(Supplied information begins)

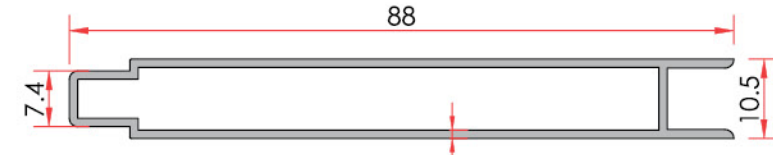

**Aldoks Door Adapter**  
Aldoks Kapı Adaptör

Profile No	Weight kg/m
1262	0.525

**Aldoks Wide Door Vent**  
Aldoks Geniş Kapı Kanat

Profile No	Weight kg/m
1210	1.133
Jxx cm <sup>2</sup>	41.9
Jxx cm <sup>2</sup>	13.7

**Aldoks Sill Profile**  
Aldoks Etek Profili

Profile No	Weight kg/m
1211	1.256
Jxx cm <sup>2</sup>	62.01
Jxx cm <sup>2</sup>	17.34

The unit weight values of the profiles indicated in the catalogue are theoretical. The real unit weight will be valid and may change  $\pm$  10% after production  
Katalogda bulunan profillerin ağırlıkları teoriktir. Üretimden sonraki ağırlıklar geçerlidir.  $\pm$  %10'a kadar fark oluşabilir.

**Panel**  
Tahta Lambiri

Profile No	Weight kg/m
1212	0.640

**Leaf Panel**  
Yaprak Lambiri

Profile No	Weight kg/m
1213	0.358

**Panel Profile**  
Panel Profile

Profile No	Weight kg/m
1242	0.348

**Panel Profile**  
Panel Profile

(Supplied information ends)
(Supplied information begins)

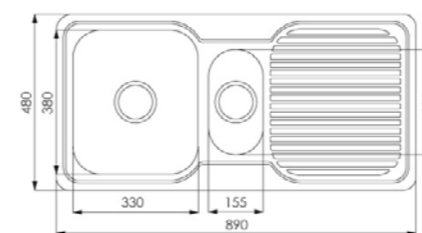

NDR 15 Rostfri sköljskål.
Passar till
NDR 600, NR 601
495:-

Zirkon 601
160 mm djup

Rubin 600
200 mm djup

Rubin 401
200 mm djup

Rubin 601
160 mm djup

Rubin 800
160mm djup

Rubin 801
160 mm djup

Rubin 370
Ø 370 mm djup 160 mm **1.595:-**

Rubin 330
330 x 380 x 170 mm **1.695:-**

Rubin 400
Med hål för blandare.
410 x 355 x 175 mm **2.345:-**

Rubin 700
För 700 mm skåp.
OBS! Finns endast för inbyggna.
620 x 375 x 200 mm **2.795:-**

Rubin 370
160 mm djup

(Supplied information ends)

[The task]: The lines in the listing that include the word "Aldoks" are to be counted; give only that number.

[Solution to the exercise]: 6